Compare R2 values of different imputation methods on simulated metabolite data. This repository mainly contains the r package described later on. Two additional folders, scripting and markdown, are also included.
Scripting contains three files: an r script that will run this code on the hpc, a swarm file, and a folder named sample analysis. Inside sample analysis are two folders which contain data outputs from the script file (3403 is 2factor, 1400 is 1factor, both need to be unzipped) and a markdown that will produce plots from those files.
The folder markdown contains past markdown documents that I've presented. Since creating them I've updated the general pipeline so those aren't exactly reproducible, but can easily be reproduced using the script/package I've inlcuded.
install.packages("devtools")
devtools::install_github("jordanaron22/ImputingMetabolites")
library(ImputingMetabolites)
####### Initial Variables
#Assortment of user defined variables
#Can change around depending on analysis needed
#These are the *default* settings that have been tested to work
num_of_metabos <- 20
sample_size <- 1000
num_to_remove <- 4
#Set num_of_predictors 0 for most accurate MICE prediction
#Takes more time so I often set it to 20 for general debugging
#Determines amount of other values MICE considers during its imputation
#Set to 0 uses quickpred() function
num_of_predictors <- 20
Choose either 1 factor or 2 factors, not both.

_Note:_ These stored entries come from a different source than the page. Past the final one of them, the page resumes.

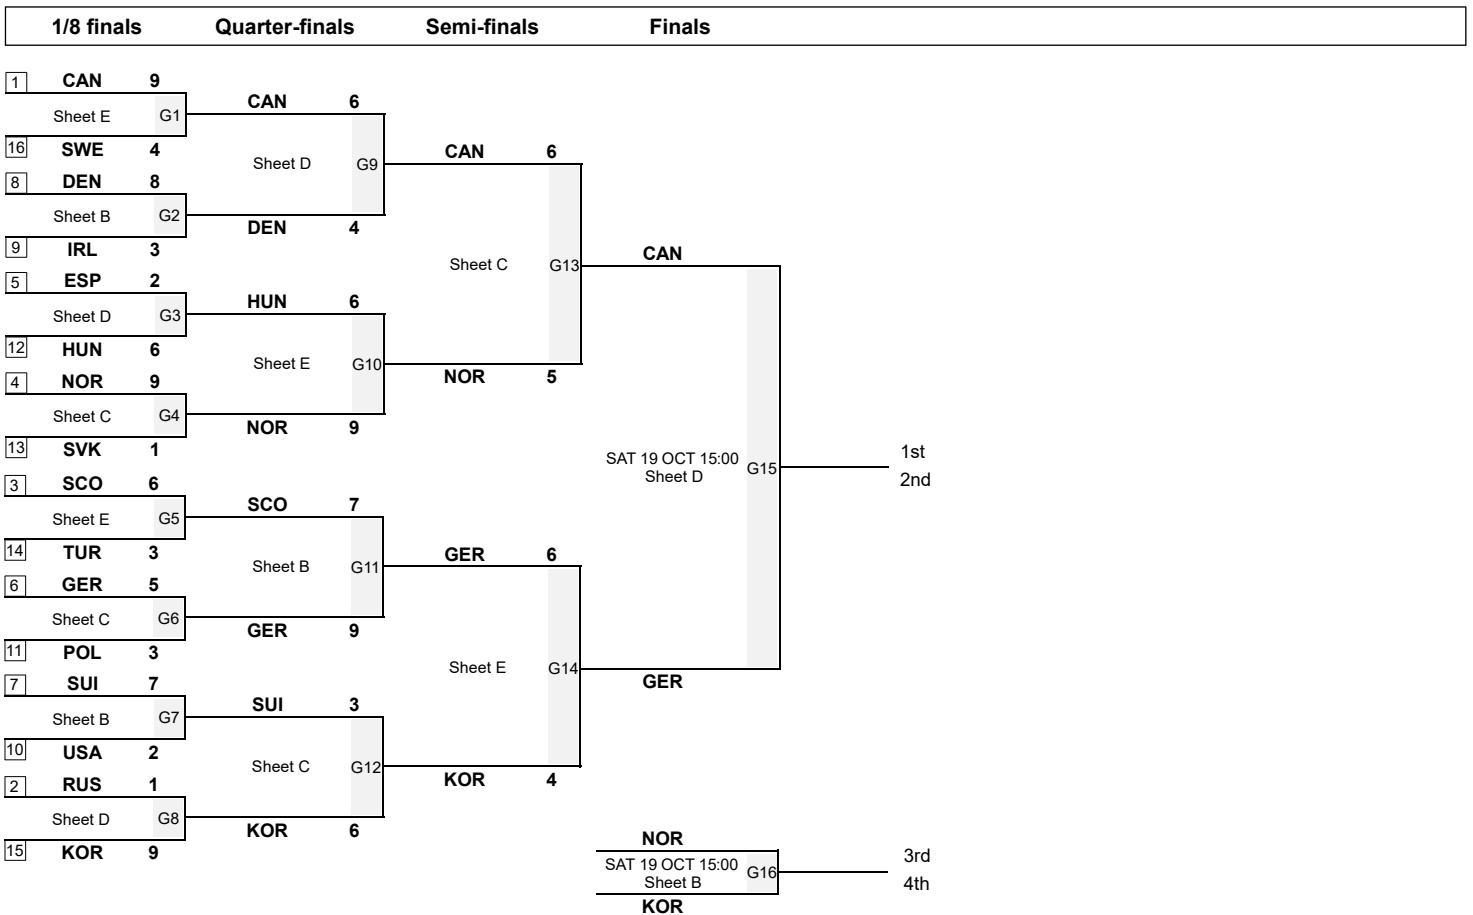

SAT 19 OCT 2019
Start Time 9:00

Semi-finals

Session Results and Standings

Sheet	Game	Team	LSFE	1	2	3	4	5	6	7	8	Extra Ends	Total
C	10	CAN - Canada	*	2	0	0	1	1	0	2	0		6
	10	NOR - Norway		0	0	1	0	0	3	0	1		5
E	10	KOR - Korea		0	0	1	0	2	0	1	0		4
	10	GER - Germany	*	0	1	0	2	0	1	0	2		6

Play-offs Bracket

Legend:
LSFE(*) Last Stone First End

###############################################
###Either run 1 Factor or 2 Factors, not both##
###############################################
#######1 Factor #######
low_val_1 <- 0.1
high_val_1 <- 0.4
low_val_2 <- 0
high_val_2 <- 0
#Correlation matrices used to generate data
m_0 <- CreateBlockMatrix(num_of_metabos,.6,.6,1,10)
m_1 <- CreateBlockMatrix(num_of_metabos,low_val_1,high_val_1,0,10)

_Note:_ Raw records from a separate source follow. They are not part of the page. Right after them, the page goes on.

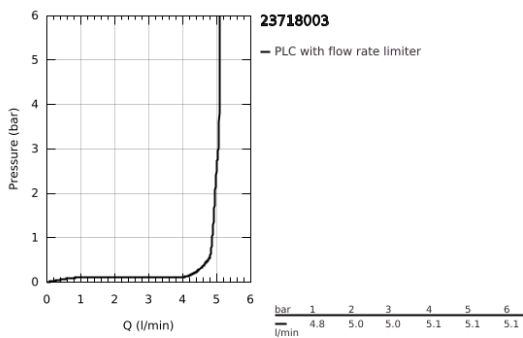

23 718 003 **EUROSTYLE SINGLE-LEVER BASIN MIXER 1/2" L-SIZE**

**PRODUCT DESCRIPTION**

- Colour: chrome
- single hole installation
- solid metal lever
- GROHE SilkMove 28 mm ceramic cartridge
- with temperature limiter
- GROHE LongLife finish
- GROHE EcoJoy - less water, perfect flow
- maximum flow rate (at 3 bar): 5 l/min
- GROHE FastFixation rapid installation system
- swivel cast spout
- swivel area 360°
- pop-up waste set 1 1/4"

## 23 718 003 EUROSTYLE SINGLE-LEVER BASIN MIXER 1/2" L-SIZE

m_2 <- CreateBlockMatrix(num_of_metabos,0,0,0,10)
m_3 <- CreateBlockMatrix(num_of_metabos,.0,.0,0,10)
#Setting factor2 and factor3 to 0 reduces the data generation to a 1 factor model
factor1 <- seq(-1,1,.25)
factor2 <- 0
factor3 <- 0
factor_mat <- expand.grid(factor1,factor2,factor3)
###############################################
###Either run 1 Factor or 2 Factors, not both##
###############################################
#######2 Factor #######
low_val_1 <- 0.1
high_val_1 <- 0.4
low_val_2 <- 0
high_val_2 <- 0.3
#Correlation matrices used to generate data
m_0 <- CreateBlockMatrix(num_of_metabos,.6,.6,1,10)

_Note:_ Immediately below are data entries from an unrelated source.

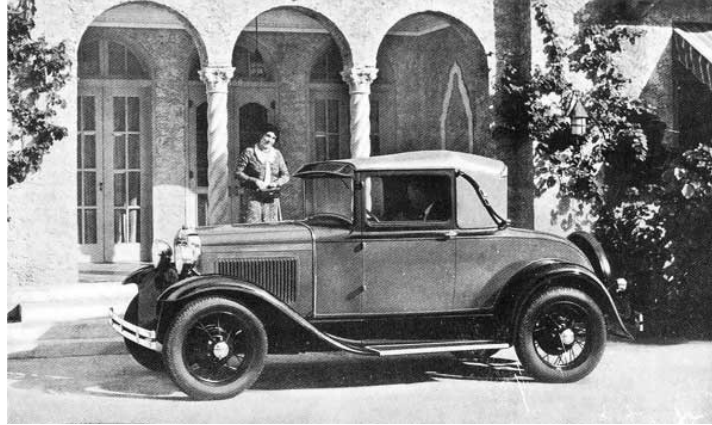

### 1930 50B Sport Coupe

### 1930 50-B Model "A" Sport Coupe

#### 1930 50-B Model "A" Sport Coupe Exterior Colors

Body	Belt & Moulding	Stripe
Andalusite Blue (1)	Black	French Gray
Lombard Blue (2)	Black	Hessian Blue (6)
Kewanee Green	Elkpoint Green	Apple Green
Copra Drab (3)	Chicle Drab	Straw
Chicle Drab	Copra Drab	Straw
Thorne Brown	Thorne Brown	Orange
Black	Black	Vermilion (4)
Black	Black	Apple Green (5)

m_1 <- CreateBlockMatrix(num_of_metabos,low_val_1,high_val_1,0,5)
m_1[c(6:10,16:20),c(6:10,16:20)] <- 0
m_2 <- CreateBlockMatrix(num_of_metabos,low_val_2,high_val_2,0,5)
m_2[c(1:5,11:15),c(1:5,11:15)] <- 0
m_3 <- CreateBlockMatrix(num_of_metabos,.0,.0,0,4)
factor1 <- seq(-1,1,.25)
factor2 <- seq(-1,1,.25)
factor3 <- 0
#Similarly factor 3 can be changed to non-zero values to generate data according to a 3 factor model
factor_mat <- expand.grid(factor1,factor2,factor3)
#######
######Data generation, imputation, and analysis pipeline
# Creates observed and true data and observed and true correlation matrices
CorrelationAndData <- CreateCorrelation(m_0,m_1,m_2,m_3,
num_of_metabos,
sample_size,
num_to_remove,
factor_mat)
#Sorting output into right variable names
metabolites_array_true <- CorrelationAndData[[1]][[1]]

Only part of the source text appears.